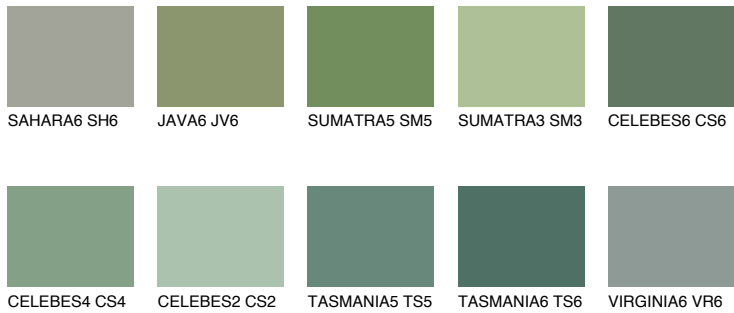

COLOUR DETAILS

EMERALD FIELD

14%

Matching colours

COLOURS

INTENSE

For more information on plasters and paints, go to www.ceresit.en

*The presented colours refer to plasters and paints offered by Ceresit. Due to the use of digital techniques, the presented colours might not represent the original ones, thus they cannot be considered as a reliable colour presentation. We recommend checking the authentic colour samples.
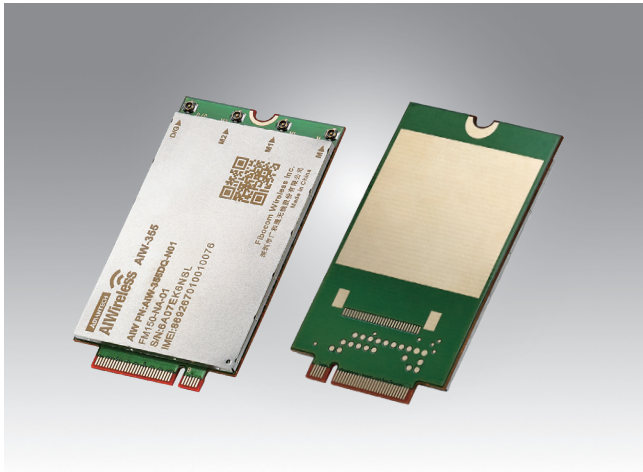

## Highly-integrated 5G WWAN module with M.2 3052 Key-B interface

### Features

- 5G NR SUB6/LTE FDD/LTE TDD/WCDMA systems
- Max UL peak rate of 525Mbps
- Max DL peak rate 4.1 Gbps DL 4 x 4 NR Sub6 EN-DC
- UL Max support 2 MIMO
- DL Max support 4 MIMO
- Operating temperature:  
Normal operating temperature: -30 ~ 75 °C (-22 ~ 167 °F)
- GNSS, GPS/GLONASS/Beidou/Galileo

### Introduction

Advantech AIW-355 is a highly integrated 5G WWAN module that uses a M.2 form-factor interface. It supports 5G NR SUB6/LTE FDD/LTE TDD/WCDMA systems and can be applied to most mobile carriers' cellular networks.
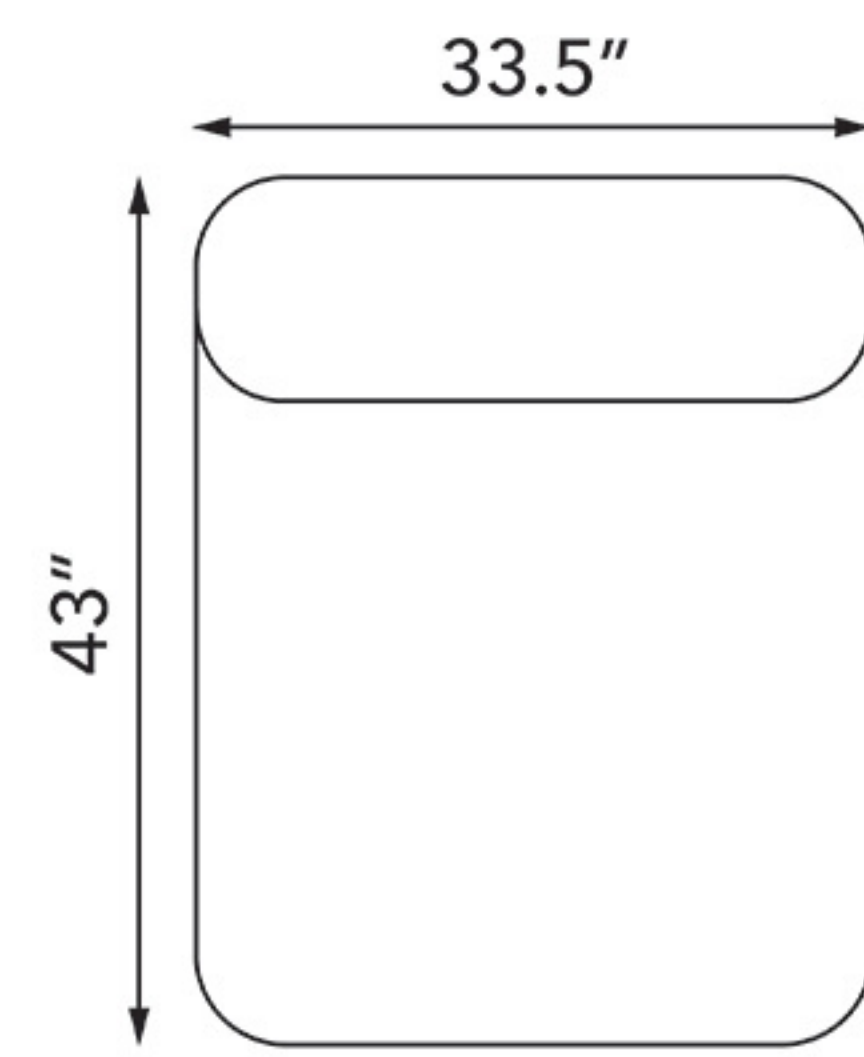

## DUAL-POWER RECLINING SECTIONAL

ASI950LAR  
Left Arm Facing  
Power Recliner, Grey

ASI950AC  
Armless Chair, Grey

ASI950AR  
Armless Power  
Recliner, Grey

ASI950RAR  
Right Arm Facing  
Power Recliner, Grey
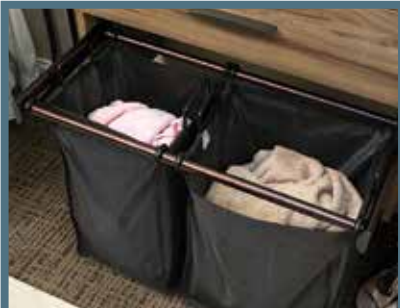

ELITE DOUBLE HOOK

ELITE CLEAT WITH ELITE HOOKS

STANDARD CLEAT WITH HOOKS

180° HINGE

BASKETS

BASKET WITH CANVAS LINER

PLASTIC BASKET LINER

PULL-DOWN ROD

CLOSETS

PULL-OUT SYNERGY BASKET

TILT HAMPER

ELITE SLACK PULL-OUT

SHEPHERD'S HOOK

SYNERGY TILT HAMPER

SHELF DIVIDER

3-LEVEL STEP STOOL

* [Directions for this task]
All of the data is to be transcribed exactly, with images omitted.

* [Response below]
COLOUR DETAILS

EMERALD FIELD

14%

Matching colours

COLOURS

INTENSE

For more information on plasters and paints, go to www.ceresit.en

*The presented colours refer to plasters and paints offered by Ceresit. Due to the use of digital techniques, the presented colours might not represent the original ones, thus they cannot be considered as a reliable colour presentation. We recommend checking the authentic colour samples.

## Highly-integrated 5G WWAN module with M.2 3052 Key-B interface

### Features

- 5G NR SUB6/LTE FDD/LTE TDD/WCDMA systems
- Max UL peak rate of 525Mbps
- Max DL peak rate 4.1 Gbps DL 4 x 4 NR Sub6 EN-DC
- UL Max support 2 MIMO
- DL Max support 4 MIMO
- Operating temperature:  
Normal operating temperature: -30 ~ 75 °C (-22 ~ 167 °F)
- GNSS, GPS/GLONASS/Beidou/Galileo

### Introduction

Advantech AIW-355 is a highly integrated 5G WWAN module that uses a M.2 form-factor interface. It supports 5G NR SUB6/LTE FDD/LTE TDD/WCDMA systems and can be applied to most mobile carriers' cellular networks.

## DUAL-POWER RECLINING SECTIONAL

ASI950LAR  
Left Arm Facing  
Power Recliner, Grey

ASI950AC  
Armless Chair, Grey

ASI950AR  
Armless Power  
Recliner, Grey

ASI950RAR  
Right Arm Facing  
Power Recliner, Grey

ELITE DOUBLE HOOK

ELITE CLEAT WITH ELITE HOOKS

STANDARD CLEAT WITH HOOKS

180° HINGE

BASKETS

BASKET WITH CANVAS LINER

PLASTIC BASKET LINER

PULL-DOWN ROD

CLOSETS

PULL-OUT SYNERGY BASKET

TILT HAMPER

ELITE SLACK PULL-OUT

SHEPHERD'S HOOK

SYNERGY TILT HAMPER

SHELF DIVIDER

3-LEVEL STEP STOOL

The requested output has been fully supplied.